The way the game combines these enemies results in electrifying and often fiercely challenging combat. Trying to battle a mummy and two undead soldiers while spear-chucking zombies harass you in the background will get your blood flowing, often literally. While Elderborn is overtly a challenging game, unlike Dark Souls it offers several difficulty levels. If you find the default difficulty impenetrable, you can lower it, which is good. That said, a couple of enemy types do irritate regardless of difficulty. The main culprits are the scorpions, which can obliterate your health bar with a single sting. It’s a shame Elderborn’s developers didn’t learn from Dark Messiah’s mistake of including annoying arachnids that are no fun to fight.

Sadly, this isn’t Elderborn’s biggest problem either. That would be weapon variety. Officially, Elderborn has eight weapons, but these are split into four groups, swords, spears, hammers and dual-wielded blades. Within those groups the weapons are functionally very similar. Hence, you’ve only really got four weapons to play with.

Compounding the issue is that weapons which parry attacks are far more useful than weapons that block attacks. Not only is the parry and counter supremely effective at dispatching all but the strongest enemies, the faster attacks of parry weapons are also much better at interrupting enemy combat flow. Oh, and you get an upgrade that deflects enemy projectiles back at them, which is both extremely useful and extremely awesome.

Consequently, once you’re about a third of the way through the game, your hammers and swords become largely redundant. Swords in particular are no fun to wield. They’re too slow and heavy, almost identical to the hammer but with a weaker block and a lesser damage output. They need to better occupy the middle ground between the hammer and the parrying weapons, giving you greater speed than the former, and greater range than the latter.

This problem puts a dampener on what is otherwise a robust and enjoyable combat system. Fortunately, as the game pressed forward, I found myself playing less for the fighting and more to explore Elderborn’s delightfully Conan-esque world. The early game sees you climbing through the cave systems and catacombs beneath Jurmum. Riddled with nasty spike-traps and perilous drops, these areas bring to mind classic Conan stories like The Scarlet Citadel and the Tower of the Elephant.

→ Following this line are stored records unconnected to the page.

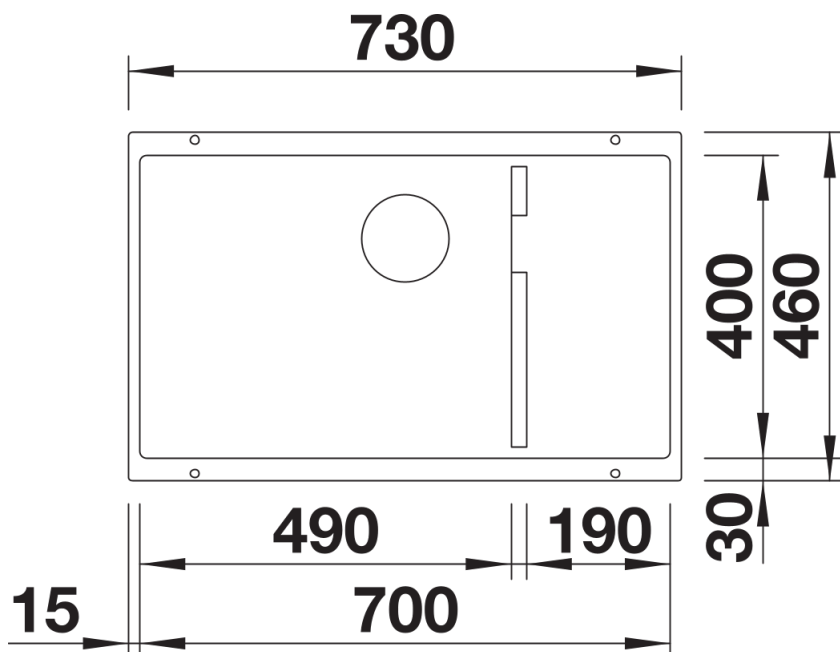

Інформація для планування

- Відвідна арматура для окремо розташованих чаш включена у комплектацію. Для з'єднання двох чаш, будь ласка, замовляйте спеціальні з'єднувальні елементи

Комплектація

- відвідна арматура InFino з корзинчатим вентилям 3 ½" та переливом
- набір кріплення (ущільнювач у набір не входить).

Деталі

Вигляд зверху

After a scintillating boss battle, you then enter into the city proper, which is one large level where you’re given a certain degree of choice as to which direction you head. The final third takes a turn for the surreal which I won’t spoil, but brought to mind the (frankly superior) Amid Evil with all its weird spatial shenanigans. This variety in locations makes up for the comparative lack of variety (or at least, lack of practical variety) in the weapon selection.

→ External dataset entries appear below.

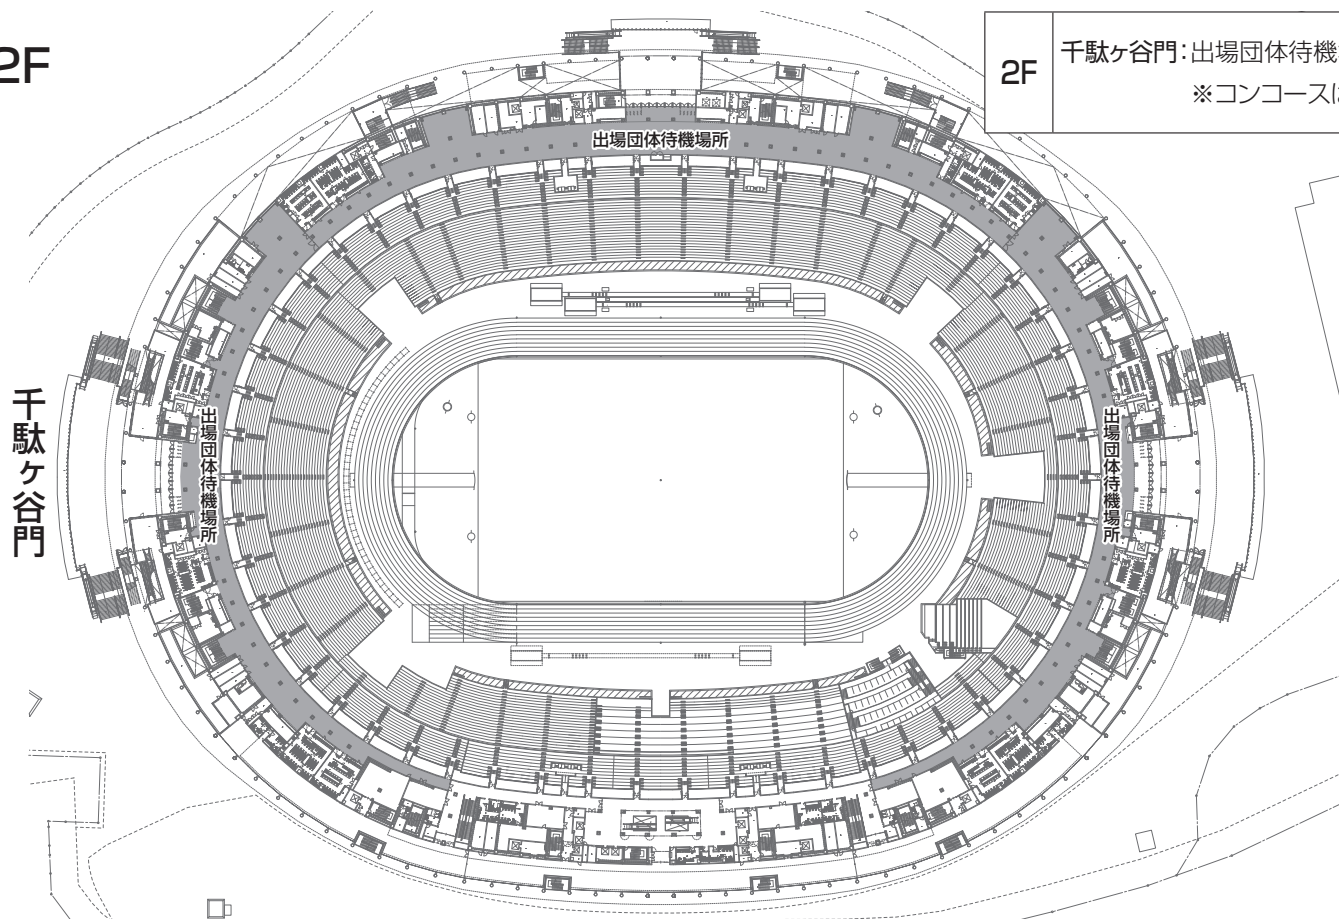

諸室図

11月19日(日) 国立競技場

1F

1F 千駄ヶ谷門A:一般観客・その他出入口
大会インフォメーション(チケットボックス)

10000
m
記録 建築 技 全

2F

2F

千駄ヶ谷門：出場団体待機場所直通出入口
 ※コンコースは、出場団体待機場所

3F

- ⑭写真判定室
- ⑮アナウンス室
- ⑯大型映像室

Elderborn really is like two or three Conan short stories sewn neatly together, offering a straightforward, action-packed fantasy adventure that’s enjoyable from the get-go, with just enough detail to the worldbuilding to convince, and changing up locations quick enough that you’re never bored. It may not quite live up to the games its inspired by, but for a tenner plus change,  Elderborn cleaves it way into our recommendations.